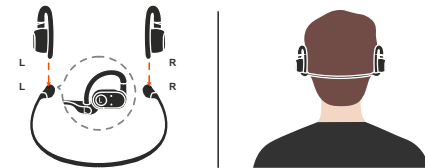

(Опціонально)

3 Перше використання
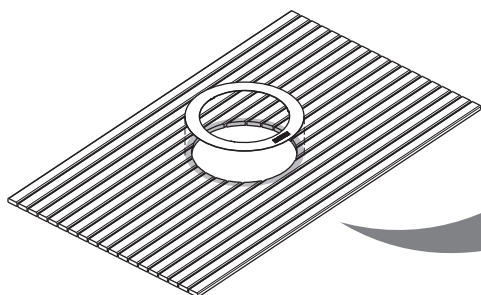

## Nerezový lem Harvia HPC1, HPC1M

Určeno pro saunová kamna:

PC70, PC70E, PC70EE, PC90, PC90E, PC90EE, TRT70, TRT70E,  
TRT90, TRT90E, PP70, PP70E, PP90, PP90E

1

ø 435 mm

2

3

PC70, PC70E  
PC90, PC90E

### POZNÁMKA!

**HARVIA**

Sauna & Spa

Vzdálenost desek lavice (A) od kamen může být menší, než je uvedeno v pokynech pro instalaci kamen. Vzdálenost rámu lavice (B) od kamen NESMÍ být menší, než je uvedeno!
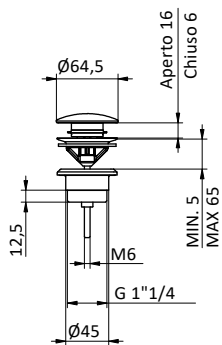

Cartridge Ø 35 mm

Con scarico click clack da 1" 1/4

With 1" 1/4 click clack waste

Art.	Cod.	Leva Lever	Prezzo € Price €
F12	411490603	 CROMO	

Senza scarico

Without waste

F12SS	411490604	 CROMO	
--------------	-----------	---	--
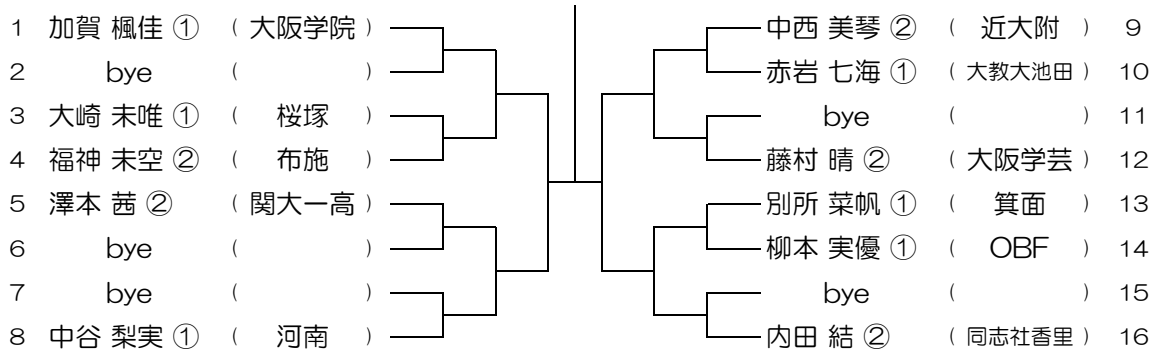

【GS】 No.099

会場： 同志社香里

令和元年度 大阪高等学校総合体育大会テニス大会
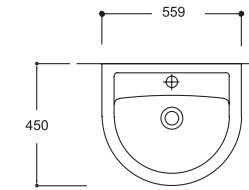

JA20DAK00
JADE WALL HUNG CLOSET

JA04BDE00
JADE DUVARA ASMA BİDE

JA04BDE00
JADE WALL HUNG BİDET

JA04LVB01
JADE LAVABO (45x55)

JA02AYK00
YARIM AYAK

JA04LVB01
JADE WASHBASIN (45x55)

JA02AYK00
SEMI PEDESTAL

NERO

******

Your reply should contain only an exact copy of the lines from the beginning of the material through the line with "Con scarico click", both ends included, with the pictures removed.

> Task response:
(Опціонально)

3 Перше використання

## Nerezový lem Harvia HPC1, HPC1M

Určeno pro saunová kamna:

PC70, PC70E, PC70EE, PC90, PC90E, PC90EE, TRT70, TRT70E,  
TRT90, TRT90E, PP70, PP70E, PP90, PP90E

1

ø 435 mm

2

3

PC70, PC70E  
PC90, PC90E

### POZNÁMKA!

**HARVIA**

Sauna & Spa

Vzdálenost desek lavice (A) od kamen může být menší, než je uvedeno v pokynech pro instalaci kamen. Vzdálenost rámu lavice (B) od kamen NESMÍ být menší, než je uvedeno!

Cartridge Ø 35 mm

Con scarico click clack da 1" 1/4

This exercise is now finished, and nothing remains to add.